The fruit comes in many varieties in size and shape and skin color. I remember in my days of childhood, we had two mango trees in our land. Both were so diverse with one being a giant spread in large area but it’s fruits were very small. When the ripening season began, the fruits will begin to fall to the ground and soon the whole ground beneath shall be littered with fruits. The collected fruits were washed and put into cool water for quenching their latent heat and then sucked as such. Many birds like crows and parrots gorged on the fruit in the boughs. The other tree was small in size but fruits were bigger.

The weakness for the fruit is universal. It is very rich in minerals, sugars and vitamins. It is loved by people world over. History tells how the arrangements were made to send the fruit from India to England for the royalty.

Out of so many varieties available in India, Alphonso which is grown in Ratnagiri district of Maharastra, parts of Gujarat and Karnataka is considered to be the king. It is called Hapus in Maharastra. Most of it is exported. Rich people in Mumbai make the bookings to get the fruit in priority. There has been a craze among the people for the fruit.
Times of India article writes , “Mangoes feature in perhaps the earliest printed reference to the name of the islands on which the city was built. This was in the Portuguese naturalist Garcia de Orta’s Colloquies on the Simples and Drugs of India, a fascinating book written in the form of dialogues between Orta and a friend (and one of the first printed in India, in Goa in 1563). At one point the conversation is interrupted by a servant boy who tells Orta his tenant in Bombaim, the island whose lease Orta was given as a sinecure, has just sailed in with a basket of mangoes to give the governor of Goa. Orta happily uses this as a chance to expound on the wonders of mangoes and when his servant says he will send them to the governor, he hastily interjects: “Give them here. They ought to be cut with a sharp knife that the slice may not be injured and I want to taste them first…” Mumbaikars would sympathise. There is no better gift than mangoes in season, yet it is just natural for givers to feel a pang at the pleasures given up. The variety Orta received from Bombay is not known and perhaps it is unlikely they were Alphonsos, the only kind many Mumbaikars bother with today. These were probably developed in Goa, where the Portuguese had introduced the grafting techniques needed for good mangoes, but it is unknown if this had happened in Garcia de Orta’s time.

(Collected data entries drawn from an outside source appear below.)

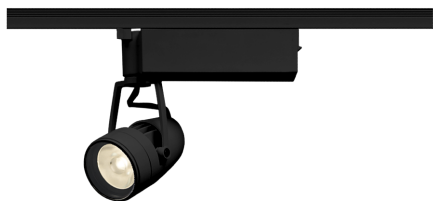

Item no. SD376-0825B9027-LX

Series Name: cledy versa L-G tracklight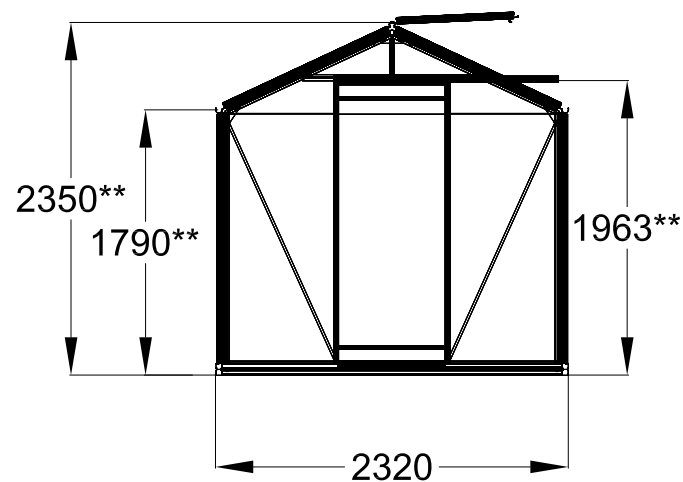

The photos and images may differ of reality and are not binding. All dimensions are approximate. Subject to errors and product changes. All reproduction, even partial, is prohibited.

Type R204 R210

Frontview

Right/leftview

Backview

Topview

Type	R203H	R204H	R205H	R206H	R207H	R208H	R209H **	R210H **
L*	2240	2980	3710	4450	5190	5930	6670	7410
# Vents <small>Lucarnes/Dakramen</small>	1	1	1	2	2	4	4	6

\* All dimensions are in mm.  
\*\* 4cm higher from the length of 6,67m.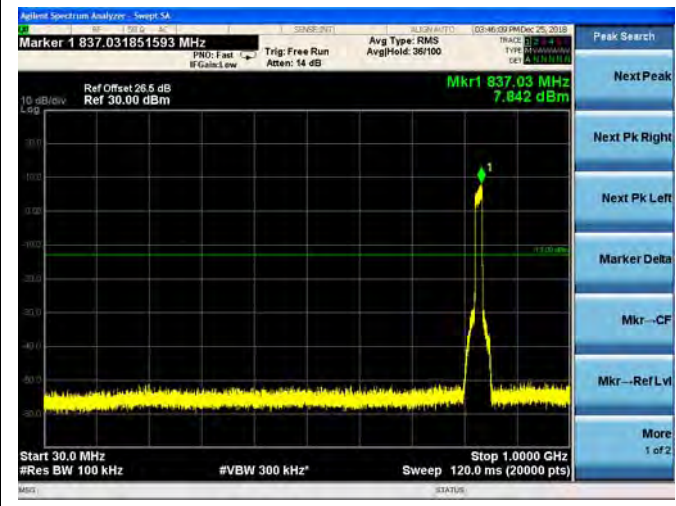

LTE Band 26 10MHz BW Mid Channel

QPSK

16QAM

64QAM

LTE Band 26 10MHz BW High Channel

QPSK

16QAM

64QAM

LTE Band 26 15MHz BW Low Channel

QPSK

16QAM

64QAM

LTE Band 26 15MHz BW Mid Channel

QPSK

16QAM

64QAM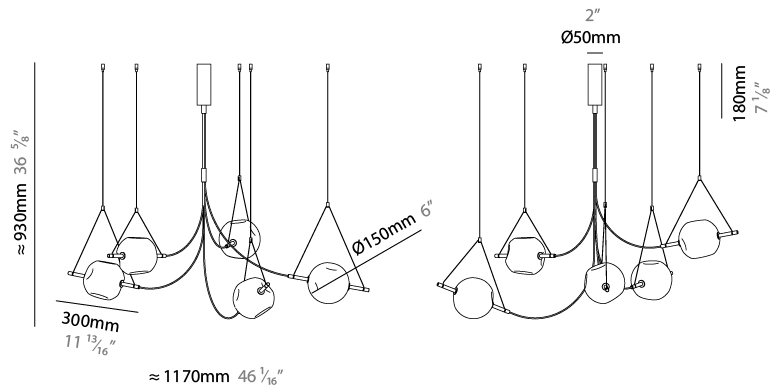

PROJECT	
TYPE	
SPECIFIER	
QUANTITY	
DATE	

BALANCE SUSPENSION

D181004-

base number	Color Temperature	Finish Options	Finish Options

1. To build a product code in our configurator select the specify button on the base model # product page
2. To build a manual product code on this datasheet choose from the options listed below in blue font and add the suffix to the base model #

GENERAL

Series: Balance
Partner: Artgija
Division: Design
Installation: Suspension
Product Type: Chandelier
Mounting Location: Ceiling
Light Distribution: Direct / Indirect

PHYSICAL

Shape: Abstract
Diameter (mm): 1150
Diameter (in): 45 1/4
Height (mm): 950
Height (in): 37 3/8
Diffuser: Glass - Clear / Amber / Smoke Gray
Fixture Finish: BBS / BUB / ABR / DRB / DUB / AGD / LBB / DBZ / BBN / PCH / PGO / PBN / WHI / BLK
Accent Finish: CLR / AMB / SMG
Fixture Material: Glass / Metal
Primary Material: Glass

ELECTRICAL

Lamp Type: LED
Input Wattage (W): 21.5
Dimming: Dali Dimming / Phase Dimming
Driver Included: Yes
Driver Location: Integrated
Driver Class: Class 2
Input Voltage (V): 120
Constant Current (MA): 500
Upon Request: 0-10V Dimming

LED

Number of LEDs: 5
Color Temperature (°K): 2700 / 3000 / 4000
Nominal Lumen (lm): 3140 / 3295 / 3450
Lamp Life (hrs): 50000

OPTICAL

RATINGS AND CERTIFICATIONS

Certified By: Certified for North American Standards
IP rating: IP20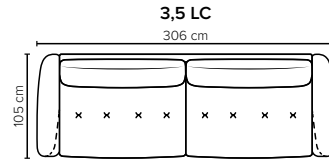

NENA

Comfort that is shaped Your way

bellus[®]

cloud.

COMBINATIONS

Choose from available sofa models

bellus®

**NENA
FOOTSTOOL**
Height: 43 cm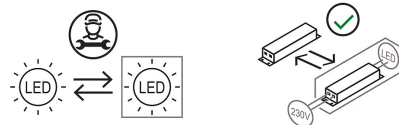

Certifications

EcoLabel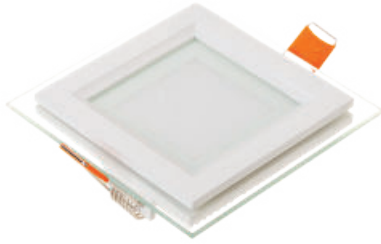

Glass Panel-Square
12w VT-1202G SQ

SKU: 4742 - 3000K Warm White 3800230622914
SKU: 6278 - 4000K Day White 3800157615761
SKU: 4741 - 6400K White 3800230622907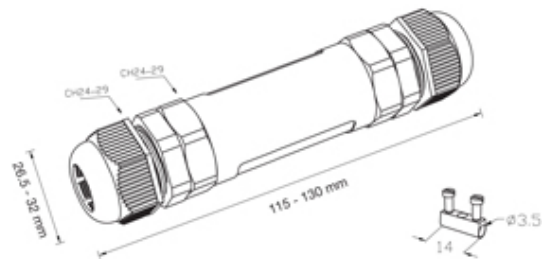

## Range: Weatherproof/Waterproof Connectors

Part Number: THB.400.F5C.6

### DESCRIPTION

TeeTube M25 In-line 5 Pole Screw - wp 14mm to 17mm, 4 mm max conductor size IP68 32A 450V 2 cable entries

### WEATHERPROOF/WATERPROOF CONNECTORS FEATURES

- Tough, robust construction with large cable range acceptance
- Straight through, T splitter and Y splitter versions available
- Dual terminal versions available for easy fitting and looping of conductors (2+2 and 3+3 poles)
- Temperature rating of -40°C to +125°C

## SPECIFICATION

Cable Entries	2
Max Current (A)	24
Max Voltage (V)	450
Number of Poles	5
Max Conductor Size (Sq mm)	2.5
Minimum Cable Diameter (mm)	14
Maximum Cable Diameter (mm)	17
IP Rating	68
Min Temperature Rating °C	-40
Max Temperature Rating °C	125
Temperature "T" Rating	T125
Body Material	PA66 / TPE
Fixing System	Cable
Terminal Type	Screw - wp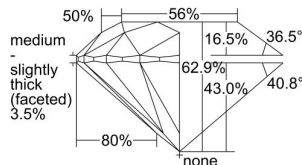

GIA®

FACSIMILE

GIA REPORT 1498988106

Verify this report at GIA.edu

GIA NATURAL DIAMOND DOSSIER®

July 25, 2024
GIA Report Number **1498988106**
Shape and Cutting Style ..... **Round Brilliant**
Measurements ..... **3.67 - 3.70 x 2.32 mm**

GRADING RESULTS

Carat Weight ..... **0.19 carat**
Color Grade ..... **D**
Clarity Grade **VS1**
Cut Grade ..... **Excellent**

ADDITIONAL GRADING INFORMATION

Polish ..... **Excellent**
Symmetry ..... **Excellent**
Fluorescence ..... **None**
Clarity Characteristics..... **Cloud, Needle, Pinpoint**
Inscription(s): **GIA 1498988106**

PROPORTIONS

Profile to actual proportions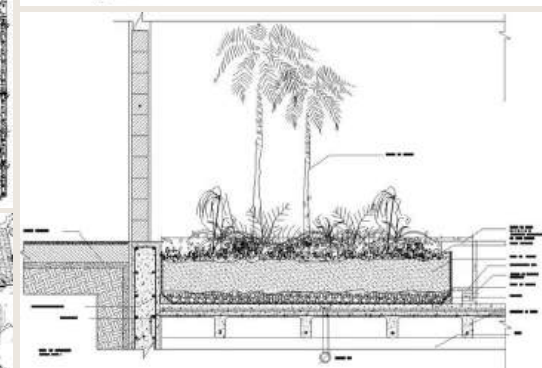

- **Location:** Mount Lebanon
- **Landscape style:** Mediterranean
- **Scope of work:** Design & execution.
- **Client:** confidential

09-OUR LANDSCAPE DESIGN PROCESS: HAND-DRAWN ARTISTRY TO CAD PRECISION

This slide offers a glimpse into our comprehensive approach to landscape design and documentation. Our team Integrate both 2D and 3D drawing techniques into our design process, we provide our clients with a comprehensive understanding of their project from conception to completion. Additionally, we employ cutting-edge CAD software to produce detailed documents and construction drawings, guaranteeing accuracy and clarity throughout the implementation process. With our commitment to both creativity and precision, we deliver exceptional results that exceed expectations.

2d And 3d Rendering Drawings

Landscape design cad drawings

Construction Drawing details

NOT FOR CONSTRUCTION PURPOSES

Collaboration Process.

DESIGN CONSULTATION

During the first stage of our process, we engage in a comprehensive design consultation where we thoroughly explore your gardening vision and preferences.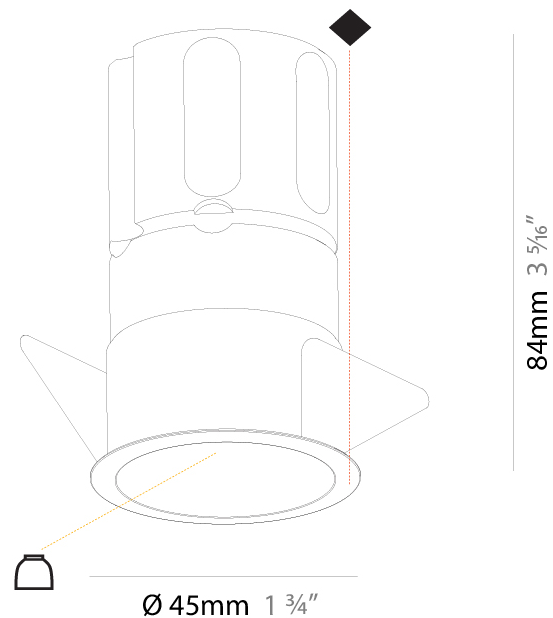

PROJECT	_____
TYPE	_____
SPECIFIER	_____
QUANTITY	_____
DATE	_____

INVADER DEEP RECESSED

A37972- : A37972-27K-03-33

base number

1. To build a product code in our configurator select the specify button on the base model # product page
2. To build a manual product code on this datasheet choose from the options listed below in blue font and add the suffix to the base model #

GENERAL

Series: Invader Deep
Partner: Prolicht
Division: Architectural
Installation: Recessed
Product Type: Downlight
Mounting Location: Ceiling
Light Distribution: Downlight

PHYSICAL

Shape: Round
Diameter (mm): 45mm / 1 3/4"
Height (mm): 84mm / 3 5/16"
Min. Recessing Depth (mm): 150mm / 5 7/8"
Fixture Material: Aluminum Die Cast

ELECTRICAL

Lamp Type: LED (Zhaga Standard)
Input Wattage (W): 7
Total Output Wattage (W): 6.4
Driver Included: No
Driver Location: Remote
Driver Type: Constant Current - 120 / 277Vac
Driver Class: Class 2
Input Voltage (V): 120 - 277
Constant Current (MA): 250mA

LED

Number of LEDs: 1
Color Temperature (°K): 2700
Max. Delivered Lumen (lm): 660
Nominal Lumen (lm): 734
CRI: >90 CRI
Lamp Life (hrs): 50000

OPTICAL

Reflector°: 33

RATINGS AND CERTIFICATIONS

Certified By: Certified for North American Standards
IP rating: IP20

A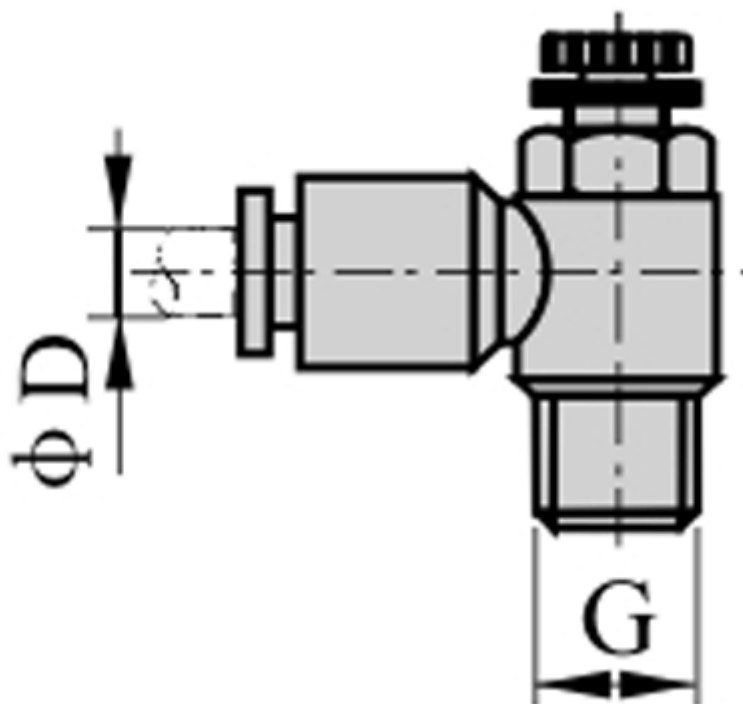

Data Sheet

Article number: 58ESL1002

Description: Fitting ESL1002, out flow control
thread 1/4", tube diameter 10

Measures

D = 10
Thread = 1/4"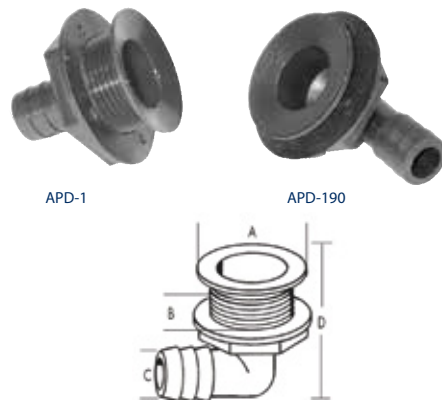

All Purpose Drains/Hatch Drains

- Low Profile Flat or Concave Head for Complete Drainage
- Requires 1-3/8" Hole

Product Number	White	Description	A	B	C	D
APD-1-DP	APD-2-DP	Straight - Concave	1-3/4"	3/4"	3/4"	2"
APD-1F		Straight - Flat	1-3/4"	3/4"	3/4"	2"
APD-190-DP	APD-290-DP	90° - Concave	1-3/4"	1/2"	3/4"	2"
APD-190F	APD-290F-DP	90° - Flat	1-7/8"	7/8"	3/4"	2.25"
APD-118		Straight - Concave	1-3/4"	3/4"	1-1/8"	2"
PP-118-DP		Plug for All Parts Above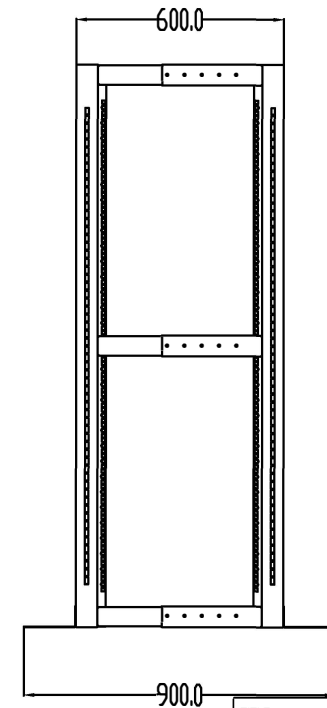

W=550mm
 D=600-950mm
 H=1625mm (32U)

The information in this drawing is the sole property of Wize AV. Any reproduction in part or as a whole without the written permission of Wize AV is prohibited.

www.wize-av.com | info@wize-av.com

WIZE
 AV SOLUTIONS

Scale=1:1

TITLE:	Wize Pro
DWG.NO	W32UOR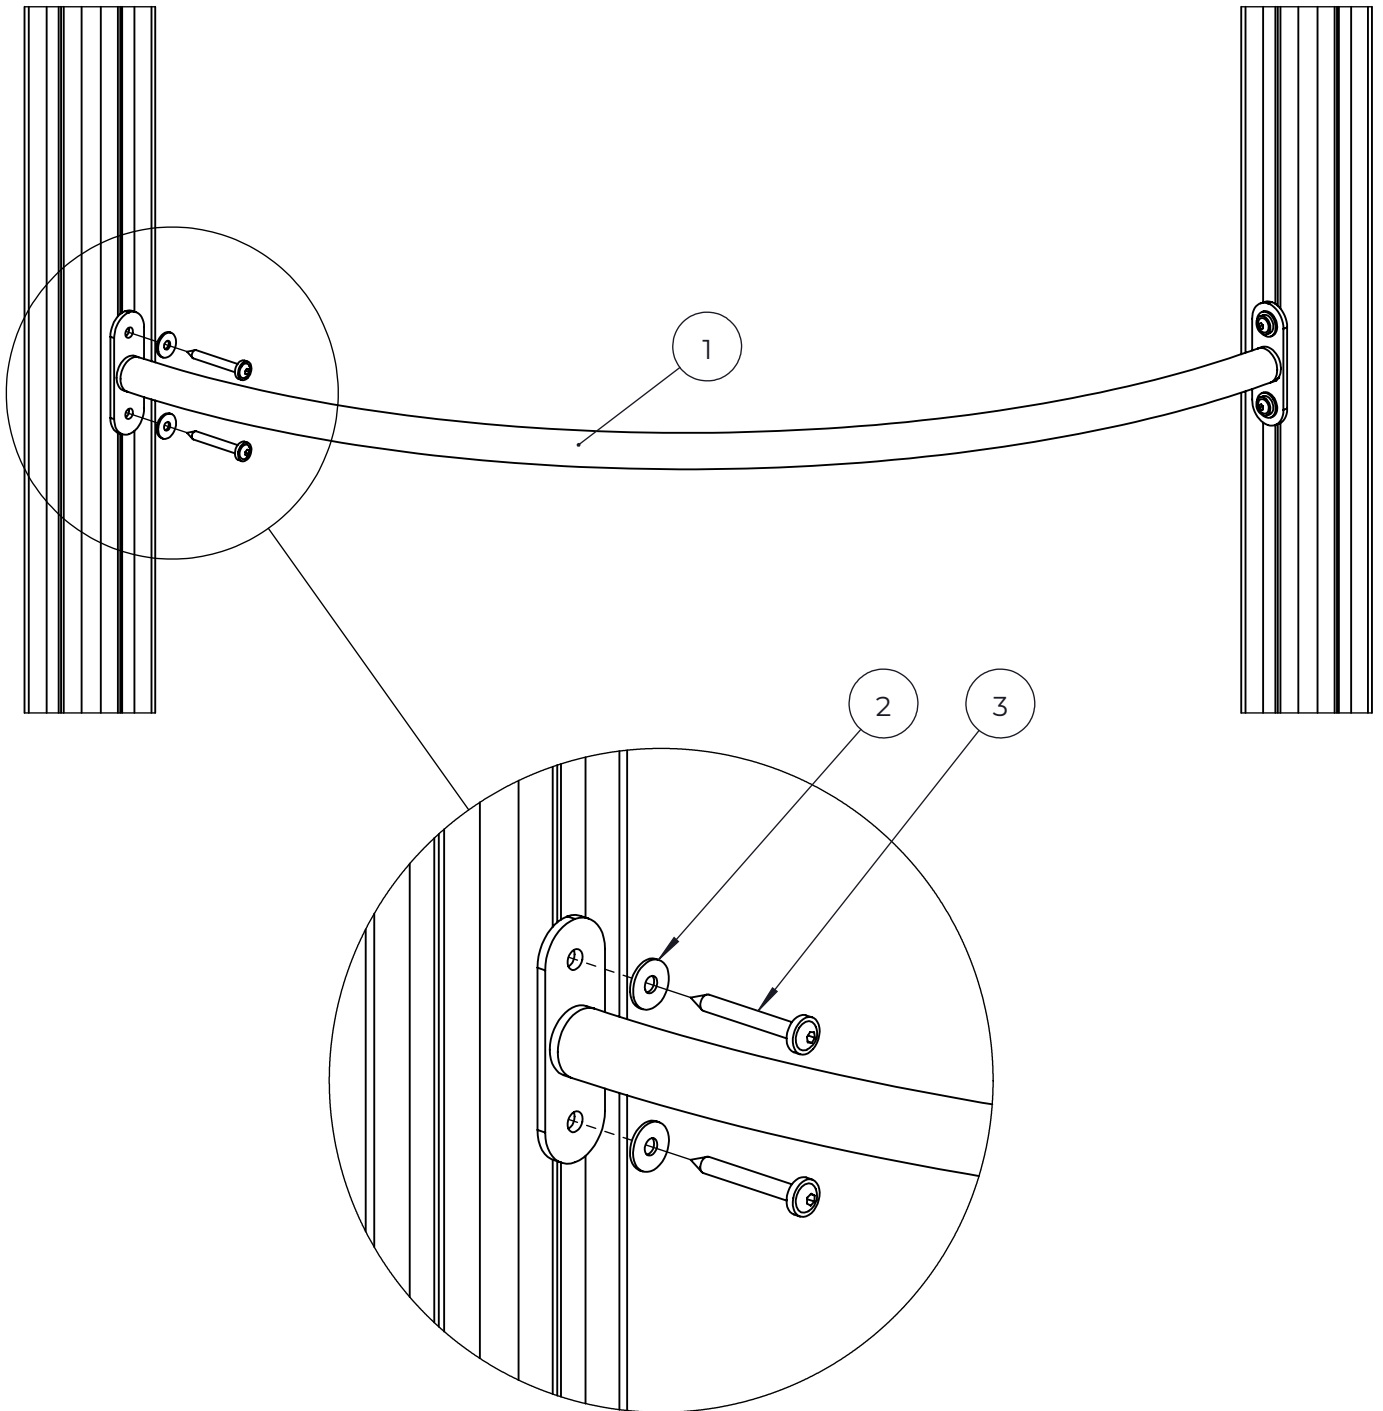

NO.	ITEM CODE			QTY.
1	914298	CURVED BAR		1
2	980152	WASHER	Ø24/8.4x2	4
3	900240	SPECIAL SCREW	Ø8x70	4

They were well known by the time of the Rising of 1857. The Times of India, looking back at it 17 years later, in a long piece printed on November 13, 1874, wondered how Nana Saheb, the Peshwa prince, had became one of the leaders: “Up to 1857 there was no Prince better known in these parts… he used to be the boon companion of British officers, to who he gave the finest cherry brandy, and Alphonso mangoes brought up by special dak from Bombay.

A more nuanced view of that statement from 1937 would confirm they are the best for export since they have thick skin and withstand transportation better than fabled local varieties such as Tamil Nadu’s Imam Pasands or Goa’s Mankhurados, both wonderful, but poor travellers. The well-established systems for growing, trading and transporting them from the Konkan have also helped make Alphonsos the best mangoes that are relatively easy to get across India and abroad.

Such subtleties though are lost in Mumbai. For many consumers here, Alphonsos are all that matter, with other locally available varieties such as Pairis and Badamis being dismissed as good for juice only. Due to this reason, many producers use chemicals especially calcium carbide to artificially ripen the fruit early and get very high returns. The chemical is known to be carcinogenic.
Thus, people are buying fruits which are potentially dangerous and paying higher price also. The naturally ripened fruit has aroma and taste which is lost in the artificial ripening process. The taste becomes bland.
In our childhood days there were no artificial methods available for ripening the fruit and also no faster transportation means for getting the fruits from far distances. So whatever was available was in the natural form.